On the death of her parents, Mary is sent to live with her reclusive uncle Archibald Craven at Misselthwaite Manor in Yorkshire.
Mary’s arrival in England proves a shock. The “blunt frankness” of the Yorkshire servants – in contrast to those in India – checks her behaviour. Martha Sowerby, an outspoken young housemaid, presents Mary with a skipping rope: Yorkshire good sense triumphing over Mary’s imperial malaise.
Also in the manor is Colin, her 10-year-old cousin. Hidden from Mary, she discovers him after hearing his cries at night.
Colin is unable to walk and believes he will not live to reach adulthood. Sequestered in his bedroom, Colin terrorises his servants with his tantrums: he performs “hysterics” in the model of Gothic femininity.
Perhaps the most famous image associated with Burnett’s text is the locked door leading to the eponymous garden.
This walled garden had formerly belonged to Colin’s mother, Lilias Craven. When she died after an accident in the garden, her husband, Archibald, locked the door and buried the key.

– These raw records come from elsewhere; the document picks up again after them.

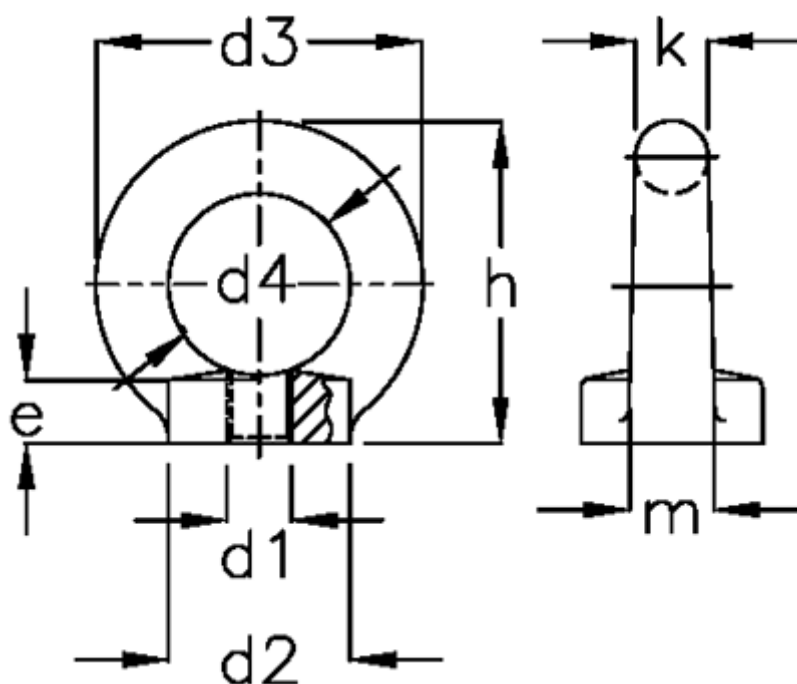

Varenummer: 20582M16ST  
Beskrivelse: E+G Øjemøtrik  
DIN 582-M16-ST

## Mål

d1 = M16

K = 14

d2 = 35

m = 16

d3 = 63

d4 = 35

e = 13

After Mary unearths the key, she begins to work in this mysterious, overgrown garden along with Martha’s brother, Dickon. Eventually, she manages to draw Colin out of his room with the help of Dickon, and the garden helps him to recover his strength.

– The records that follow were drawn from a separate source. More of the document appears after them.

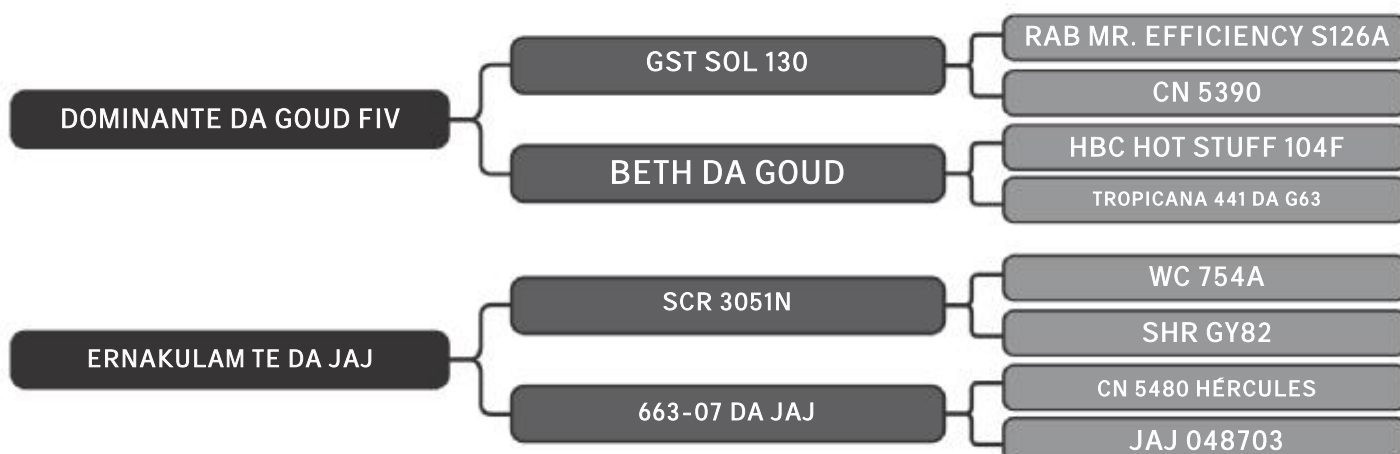

APOEDIA DA SEPA

LOTE

45

RAÇA: Senepol PO SEXO: Fêmea
NASC.: 24/03/2016 IDADE: 39m REG.: SEPA0176

Segue parida de Fêmea do SEPA0106 / 6 Meses
Segue prenhe do UMBAU DA SEPA com prev. Parto para 07/02

COMPRADOR: _____ R$: _____

Burnett draws upon the cultural connection between childhood and nature, highlighting Edwardian beliefs about the importance of the garden. Like other Edwardian texts, such as Kenneth Grahame’s The Wind in the Willows (1908) and J. M. Barrie’s Peter Pan in Kensington Gardens (1906), The Secret Garden also explores an English turn-of-the-century interest in paganism and the occult, expressed through the book’s fascination with the Greek god Pan.
Dickon, who shares an affinity with animals and the natural world, is first introduced as he sits under a tree “playing on a rough wooden pipe” reminiscent of Pan’s flute.
Mary and Colin are both physically and psychically transformed through working in the garden. The stifling rooms and constricting passages of Misselthwaite Manor are contrasted to the freedom of the secret garden.
At first it seemed that green things would never cease pushing their way through the earth, in the grass, in the beds, even in the crevices of the walls. Then the green things began to show buds and the buds began to unfurl and show colour, every shade of blue, every shade of purple, every tint and hue of crimson.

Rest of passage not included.